Iodoarenes are monocyclic or polycyclic aromatic hydrocarbon iodo-derivatives. These organic compounds typically have the role of agonists for specific brain receptors. For instance, the 25I-NBOMe (2C-I-NBOMe), Cimbi-5 iodo-compound is a synthetic hallucinogen that has a significant application in biochemical research that’s aimed at mapping out the brain’s usage of type 2A serotonin receptors. This particular iodo-derivative, as well as numerous other similar organic compounds of iodine, are widely used in radiology as radiotracers for positron emission tomography (PET) scans. 
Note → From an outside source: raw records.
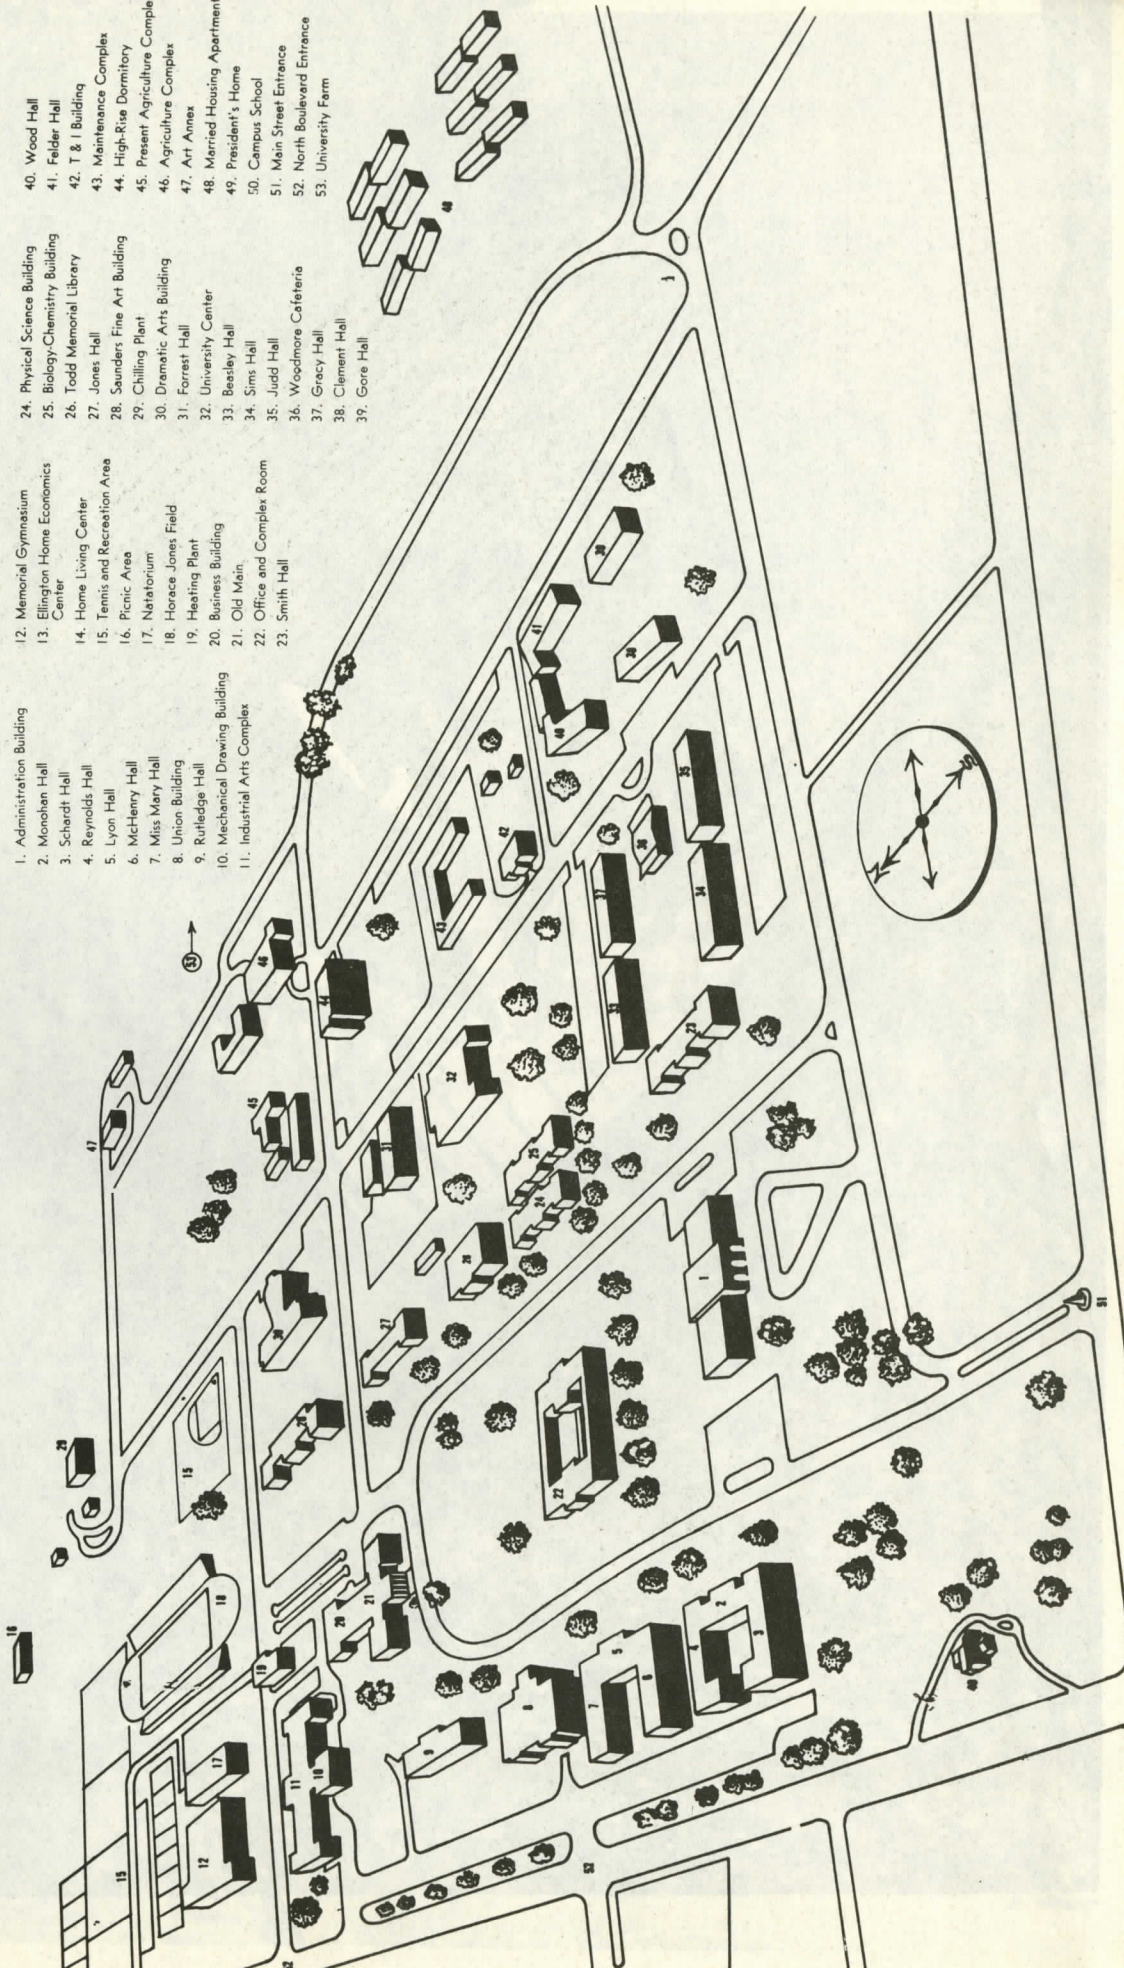

MIDDLE TENNESSEE STATE UNIVERSITY

MURFREESBORO, TENNESSEE 37130

- 1. Administration Building
- 2. Monahan Hall
- 3. Schardt Hall
- 4. Reynolds Hall
- 5. Lyon Hall
- 6. McHenry Hall
- 7. Miss Mary Hall
- 8. Union Building
- 9. Rutledge Hall
- 10. Mechanical Drawing Building
- 11. Industrial Arts Complex
- 12. Memorial Gymnasium
- 13. Ellington Home Economics Center
- 14. Home Living Center
- 15. Tennis and Recreation Area
- 16. Picnic Area
- 17. Natatorium
- 18. Horace Jones Field
- 19. Heating Plant
- 20. Business Building
- 21. Old Main
- 22. Office and Complex Room
- 23. Smith Hall
- 24. Physical Science Building
- 25. Biology-Chemistry Building
- 26. Todd Memorial Library
- 27. Jones Hall
- 28. Saunders Fine Art Building
- 29. Chilling Plant
- 30. Dramatic Arts Building
- 31. Forrest Hall
- 32. University Center
- 33. Beasley Hall
- 34. Sims Hall
- 35. Judd Hall
- 36. Woodmore Cafeteria
- 37. Gracy Hall
- 38. Clement Hall
- 39. Gore Hall
- 40. Wood Hall
- 41. Felder Hall
- 42. T & I Building
- 43. Maintenance Complex
- 44. High-Rise Dormitory
- 45. Present Agriculture Complex
- 46. Agriculture Complex
- 47. Art Annex
- 48. Married Housing Apartments
- 49. President's Home
- 50. Campus School
- 51. Main Street Entrance
- 52. North Boulevard Entrance
- 53. University Farm

The following is an extensive list of these organic compounds of iodine (iodoarenes) that have a significant place in radiology, as well as in biochemical research:

  • 2C-I
  • 5-I-R91150
  • 25I-NB34MD
  • 25I-NBF
  • 25I-NBMD
  • 25I-NBOH
  • 25I-NBOMe
  • Acetrizoic acid
  • Adipiodone
  • AGH-107
  • AGH-192
  • AH-494
  • AM-251 (drug)
  • AM-630
  • AM-679 (cannabinoid)
  • AM-694
  • AM-1241
  • AM-2233
  • Amiodarone
  • Benziodarone
  • Budiodarone
  • Calicheamicin
  • Chiniofon
  • Clioquinol
  • Cobimetinib
  • Diatrizoate
  • Diiodohydroxyquinoline
  • 2,5-Dimethoxy-4-iodoamphetamine
  • Diodone
  • Erythrosine
  • Flubendiamide
  • Hexaiodobenzene
  • IDNNA
  • Idoxifene
  • Iniparib
  • Iobenguane
  • Iobenzamic acid
  • Iobitridol
  • Iocarmic acid
  • Iocetamic acid
  • Iodamide
  • Iodixanol
  • 4-Iodo-N, N-dimethylaniline
  • Para-Iodoamphetamine
  • Iodobenzamide
  • Iodobenzene
  • 2-Iodobenzoic acid
  • Iodocyanopindolol
  • Ortho-Iodohippuric acid
  • 1-Iodomorphine
  • Iodophenol
  • Iodophenpropit
  • 4-Iodopropofol
  • 5-Iodowillardiine
  • Iodoxamic acid
  • Iofendylate
  • Iofetamine (123I)
  • Ioflupane (123I)
  • Ioglicic acid
  • Ioglycamic acid
  • Iohexol
  • Iomazenil
  • Iomeprol
  • Iopamidol
  • Iopanoic acid
  • Iopentol
  • Iopromide
  • Iopydol
  • Iotalamic acid
  • Iotrolan
  • Iotroxic acid
  • Ioversol
  • Ioxaglic acid
  • Ioxilan
  • Ioxitalamic acid
  • Ipodate sodium
  • Metrizamide
  • Metrizoic acid
  • Nitroxynil
  • Propyliodone
  • Rafoxanide
  • Rose bengal
  • RTI-55
  • RTI-121
  • RTI-229
  • RTI-353
  • SB-258585
  • Sodium acetrizoate
  • Tetraiodobenzenes
  • Tiratricol
  • Trametinib
  • Tyropanoic acid

5 Interesting Facts and Explanations

  1. After being recognized as the discoverer of iodine, Bernard Courtois continued with the production of iodine and iodine salts.  In 1831, L’Académie Royale des Sciences, i.e. the Royal Academy of Sciences awarded him the Montyon Prize and 6,000 francs as a reward for his monumental discovery of a chemical element with exceptional medicinal value. Unfortunately, he failed to obtain a certificate of the invention for the discovery which left his family in poverty, despite his great contribution to the world of science. 
  2. For more than 50 years it was believed that Sir Humphry Davy was the discoverer of the chemical element iodine because he was the last chemist to support the scientific evidence derived from the research conducted by Courtois, Desormes, and Clément. Due to this misunderstanding, Sir Davy had to submit a letter of explanation to the Royal Institution in London that he was mistakenly assumed as the discoverer of element 53. After this, Courtois was rightfully recognized as the discoverer of iodine (I).
  3. Armand Séguin (1765-1835) is a French chemist who, in collaboration with his colleagues, succeeded in discovering morphium (with Bernard Courtois), determined the composition of the molecule of water (with Nicolas-Louis Vauquelin), and pioneered the studies on the function of the human metabolism (with Antoine Laurent Lavoisier). Additionally, by performing individual chemical experiments, Séguin discovered the method of tanning leather which brought him significant fortune. 
  4. The people who live in countries where the soil contains very little iodine are in greater need of iodine nutrition. New Zealand and countries in  South Asia, Southeast Asia, and Europe are considered to be on that list. 
  5. Low iodine concentrations in the breast milk of lactating mothers that can lead to hypothyroidism in their children can be assigned to the unhealthy habit of smoking.